On 30 June 1968 he described ‘Posterity’ to her:

 
It gets in Yanks, Yids, wives, kids, Coca Cola, Protest, & the Theatre – pretty good list of hates, eh? I long to write a political poem – the withdrawal of troops east of Suez started me, now I see someone boasting that in a few years’ time we shall be spending ‘more on Education than “Defence”’ – this shocks me
to the core
, & I seriously feel that
within our lifetime
we shall see England under the heel of the conqueror – or what
used
to be England, but is now a bunch of bearded layabout traitors & National Assistant ‘Black Englishmen’ – if I had the courage I wd emigrate – terrible –
26

 

Several months later, in January 1969, he completed his only substantial poem directly concerned with topical politics, ‘Homage to a Government’. He was more than usually hesitant about this particular poem, though he did send it to the
Sunday Times
: ‘if they print it I’ll say why it fails. But they may send it back. Probably the kindest thing.’
27
It appeared on 19 January. His motive was fundamentally literary. Determined to explore every available form and genre at some point in his career, he intended this deliberately as ‘a political poem’. The topic he chose, the withdrawal of British troops from the outpost of Aden on the Persian Gulf, was indeed a promising one for a right-wing polemicist. The Labour government stood accused of bungling the troop withdrawal because of its ideological commitment to pell-mell ‘decolonization’ at all costs.
28
It was also alleged that domestic finance played a greater role in the decision than foreign policy, a sore point in view of the current union agitation for higher pay.
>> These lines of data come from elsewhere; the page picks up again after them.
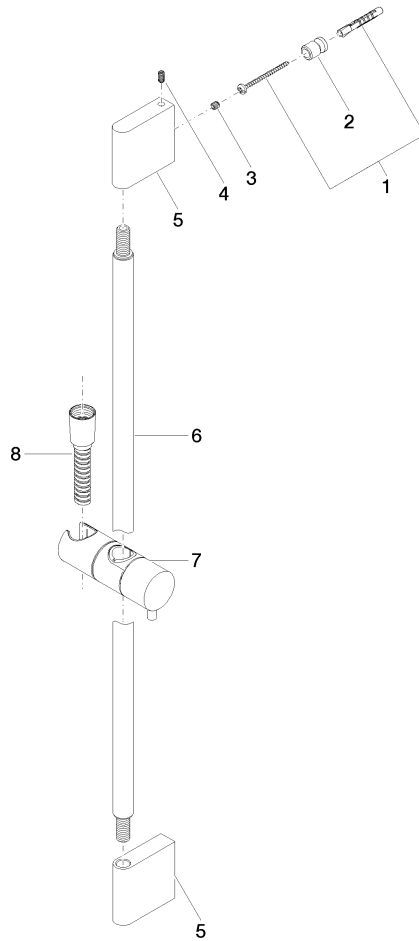

Shower set - Brushed Durabronz (23kt Gold)

IMO

ST 050 203 2979

Fits: IMO, LISSÉ, META

- slide bar
- Pipe diameter 18 mm
- gauge 853 mm
- metal shower hose 1750mm with integrated anti-twist protection
- shower hose connector 3/8"
- Three or five settings: COMPACT RAIN, COMPACT SOFT FLOW, COMPACT AQUAPRESSURE FLOW, max. flow rate 6.8 l/min (at 3 bar)
- Function from: 6 l/min
- spray head Ø 100mm
- This product can help a building meet the requirements of Green Building Rating Systems, e.g. LEED®, BREEAM®, DGNB

IMO

ST 050 203 2979

Fits: IMO, LULU, MEM, TARA, CL.1, LISSÉ, VAIA, META, CYO

- slide bar
- Pipe diameter 18 mm
- gauge 853 mm
- metal shower hose 1750mm with integrated anti-twist protection
- shower hose connector 3/8"

Required miscellaneous

	Hand shower FlowReduce - Brushed Durabronze (23kt Gold)	28 016 979-28 0010
---	--	-----------------------

ST 050 203 2979

mm [inches]

Certificates

WRAS_2009048. ACS_20 ACC LY 738.

ST 050 203 2979

Spare parts list

No.	Item Number	Name	Quantity used	Delivery time
1	05 17 20 726 02 90	fixing set	2	2
2	08 17 20 726 90	holder	2	2
3	09 31 11 049 90	pin	2	2
4	04 31 11 113 00 90	pin	2	2
5	08 17 97 054-28	holder	2	20
6	90 28 22 597 00-28	holder	1	-
Spare part can no longer be ordered, please order the replacement item				
7	12 580 970-28	Slide unit - Brushed Durabron (23kt Gold)	1	20
8	28 322 970-28	Metal shower hose 1/2" x 3/8" x 1750 mm - Brushed Durabron (23kt Gold)	1	20
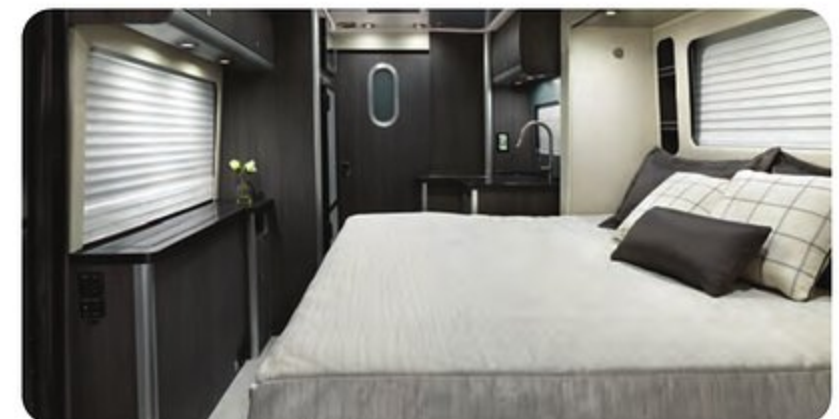

Mercedes-Benz Exterior Design

New, stunning, European styling.
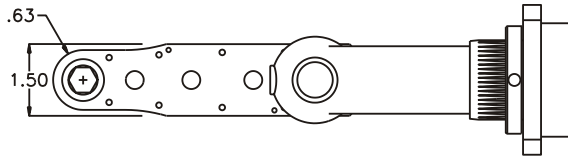

GEAR ASSEMBLY

PARTS BLOWOUT

ITEM	DESCRIPTION	PART NO.	ITEM	DESCRIPTION	PART NO.	ITEM	DESCRIPTION	PART NO.
1	Angle Head	5720	11	Gear Housing (Bottom)	241620-3-P			
2	Gear Housing (Top)	241620-3-H	12	Grease Fitting	1877			
3	Socket Gear	141516-XX	13	Screw (10)	S-608			
4	Sm. Idler Gear	141510	14	Roll Pin (2)	RP-606			
5	Sm. Idler Pin	IP-8516						
6	Sm. Needle Bearing	B-85						
7	Lg. Idler Gear (2)	141810						
8	Lg. Idler Pin (2)	IP-10516						
9	Lg. Needle Bearing (2)	B-105						
10	Drive Gear	141812-SD						
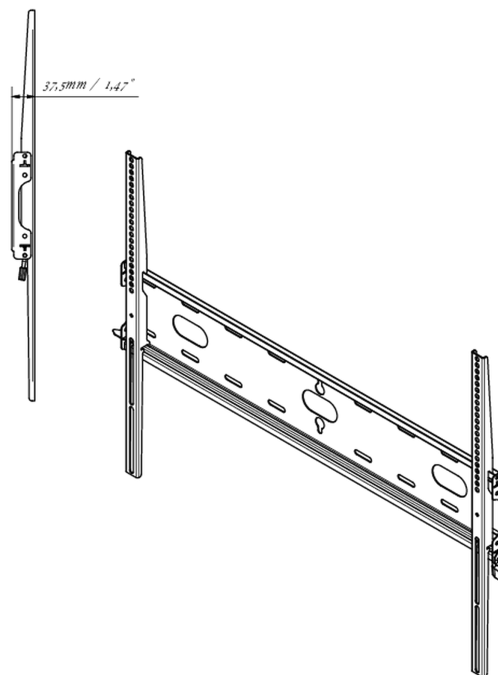

MD-WM8060

All trademarks and registered trademarks acknowledged. E & O E. Specification subject to change without notice. All LCD's comply with ISO-9241-307:2008 in connection with pixel defects.

© IIYAMA CORPORATION. ALL RIGHTS RESERVED
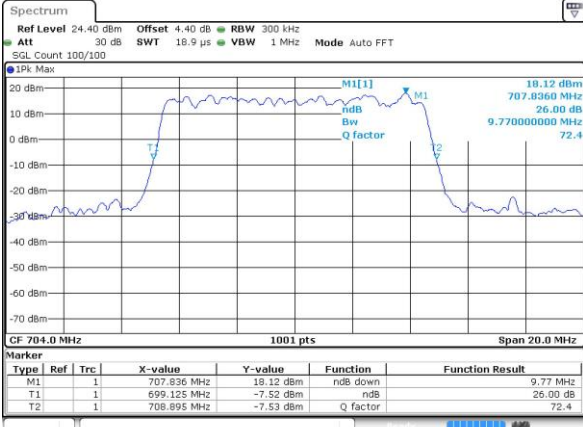

Highest Channel / 5MHz / QPSK

Date: 4 AUG 2017 21:49:34

Highest Channel / 5MHz / 16QAM

Date: 4 AUG 2017 21:49:23

LTE Band 12

Lowest Channel / 10MHz / QPSK

Date: 4 AUG 2017 22:07:20

Lowest Channel / 10MHz / 16QAM
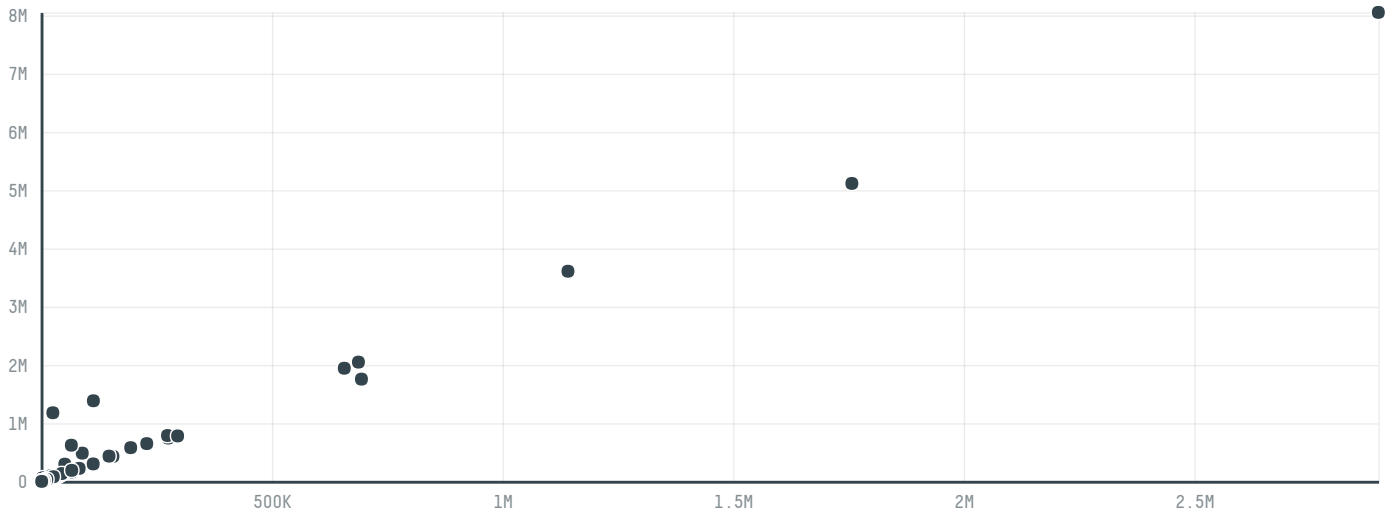

trase

Rio preto agroindustrial comercio exportacao e importacao s/

ACTIVITY: **Exporter**
COMMODITY: **Soy**
COUNTRY: **Brazil**
YEAR: **2007**

Rio preto agroindustrial comercio exportacao e importacao s/ was the 136th largest exporter of soy from BRAZIL in 2007, accounting for 9 thousand tons. This is a 7% decrease vs the previous year. As an exporter, Rio preto agroindustrial comercio exportacao e importacao s/ sources from 1 municipalities, or 0% of the soy production municipalities. The main destination of the soy exported by Rio preto agroindustrial comercio exportacao e importacao s/ is Netherlands, accounting for 100% of the total.

TOP DESTINATION COUNTRIES OF SOY EXPORTED BY RIO PRETO AGROINDUSTRIAL COMERCIO EXPORTACAO E IMPORTACAO S/:

Legend for map: N/A, <5K, >5K, >100K, >300K, >1M

COMPARING COMPANIES EXPORTING SOY FROM BRAZIL IN 2007
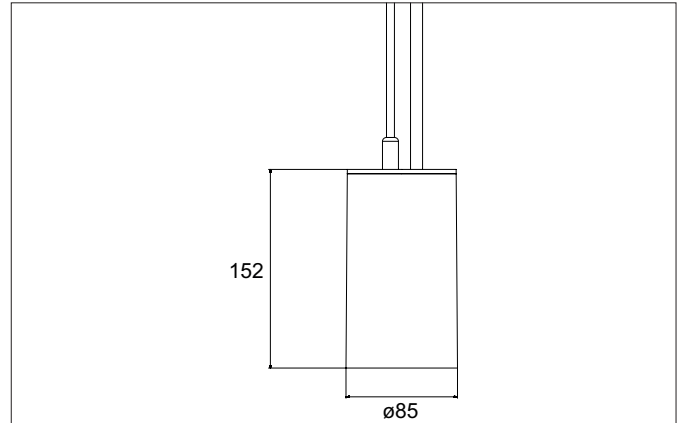

TRAXX MAXI LED pendant luminaire, on/off switchable

Article no. 88883174

Light.
For Generations.**Tender**

LED pendant luminaire, on/off switchable, Round., Hight 163.0 mm, for pendulum mounting. Pendulum length max. 1500.0 mm Weight 0.914 kg, with rotationssymmetrical, deep, wide distributed light intensity. optimal light distribution due to a glass transparent cover. Luminous flux 3.590 lm, Power 1 x 28 W, Light colour neutral white, Correlated color temprature (CCT) 4.000 K, Colour rendering index CRI > 90, Rated life time L80/B50 at 25 °C: 50.000 h, Housing material: Aluminium / Glass / Plastic, Colour: White structure, Permissible ambient temperature (ta): -20 °C - +25 °C, Protection class (EN 61140): I, Degree of protection (DIN EN 60529): IP20, .With electronic driver, on/off switchable.

Article data	
Article no.	88883174
GTIN	4251433977674
Series name	TRAXX MAXI
Short description	LED pendant luminaire, on/off switchable
Material	Aluminium / Glass / Plastic
Colour	White
Type of surface	Structure
Shape	Round
Hight	163 mm
Weight	0.914 kg

TRAXX MAXI LED pendant luminaire, on/off switchable

Article no. 88883174

Light.
For Generations.

Lighting technology	
Colour temperature	4.000 K
Light colour	White
Light output	Direct
Luminous flux	3,590 lm
System efficiency	128 lm/W
McAdam-Step	McAdam-Step 3
Colour rendering	CRI > 90
Reflector	High-gloss
Beam angle	30°
Light sharing	Symmetric
Adjustable color temperature	No

Mounting technology	
Mounting method	Suspended
Place of installation	Ceiling-mounted
Adjustability	Not adjustable
stamp	UKCA
Pendulum length max.	1,500 mm
Material cover	Glass transparent
Suitable for through-wiring	No
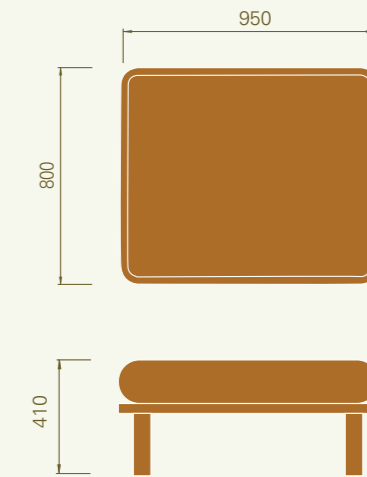

410mm sitting height

725mm total height

1 base cushion

2 back cushions.

VELVET \$5450

LINEN \$6220

THE DREAMER STANDARD

DIMENSIONS

2600mm width

950mm depth

410mm sitting height

725mm total height

2 base cushions

4 back cushions

VELVET \$5720

LINEN \$6530

THE DREAMER STANDARD & OTTOMAN

DIMENSIONS

950mm width

800mm depth

410mm total height

Price inclusive of The Plush Standard &

Plush Ottoman

VELVET \$7510

LINEN \$8480

THE DREAMER BRADY BUNCH

DIMENSIONS

3900mm width

950mm depth

410mm sitting height

725mm total height

3 base cushions
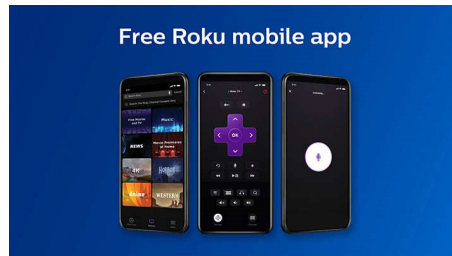

Fast and Easy Search

Search by title, actor or director to see where to stream your favorite shows for free or at the lowest price.

Free Roku mobile app

Turn your iOS® or Android™ device into the ultimate streaming companion. Whether you need a second remote or want more features and functionality, the Roku mobile app makes it fun and easy to control your Roku TV. Search with your keyboard, use voice search, enjoy private listening with up to three friends, cast to your TV, and more.
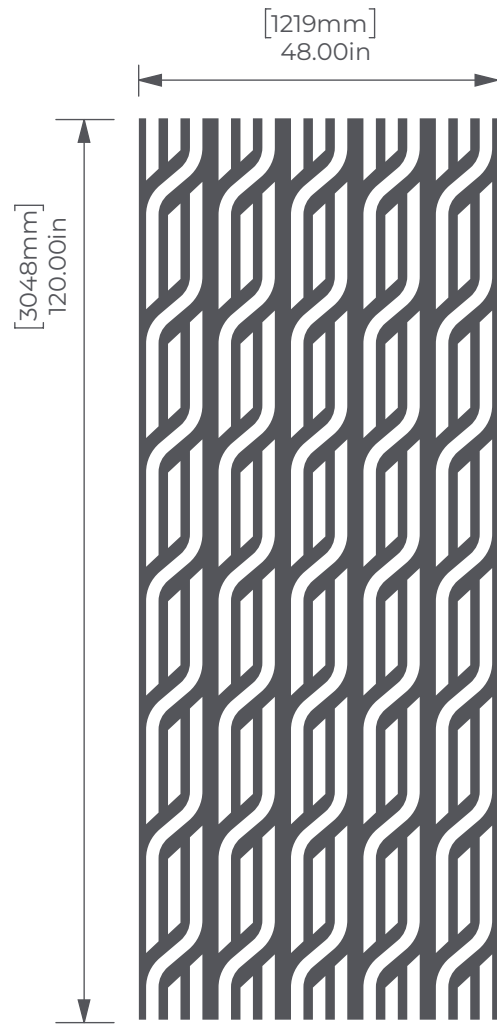

TREAD

CUT PANELS

4' x 8' Full Panel

4' x 10' Full Panel

Side View

Tiled

Mirrored

ARTFELT™
ECO-PANEL

P.O. NUMBER

DATE

DESIGNER

CLIENT APPROVAL

X

DATE:

REVISION

DATE

NUMBER

DATE	NUMBER

PAGE 1 of 1

Larkin made a poem out of this situation, not by forthright satire, as in the Black Paper epigram. Instead he aimed to rouse the reader’s moral indignation through Swiftian indirection, adopting the
faux naïf
persona of an honest citizen attempting to justify to himself the corrupt motives of his government:

 

Next year we are to bring the soldiers home
For lack of money, and it is all right.
Places they guarded, or kept orderly,
Must guard themselves, and keep themselves orderly.
We want the money for ourselves at home
Instead of working. And this is all right.

 

The repetition ‘it/this is all right’ conveys the speaker’s lack of conviction, while the rhyme scheme, abccab, listlessly repeats exactly the same words in each stanza (‘home, right, orderly, orderly, home, right’, etc.). As a dramatization of disillusion this is effective. But the tone is insecure. Is the persona meant to be genuinely naive, or is he speaking with heavy irony? Sarcasm certainly breaks the surface in the crude point-scoring phrase ‘Instead of working’, which seems interpolated from a more vigorously polemical poem.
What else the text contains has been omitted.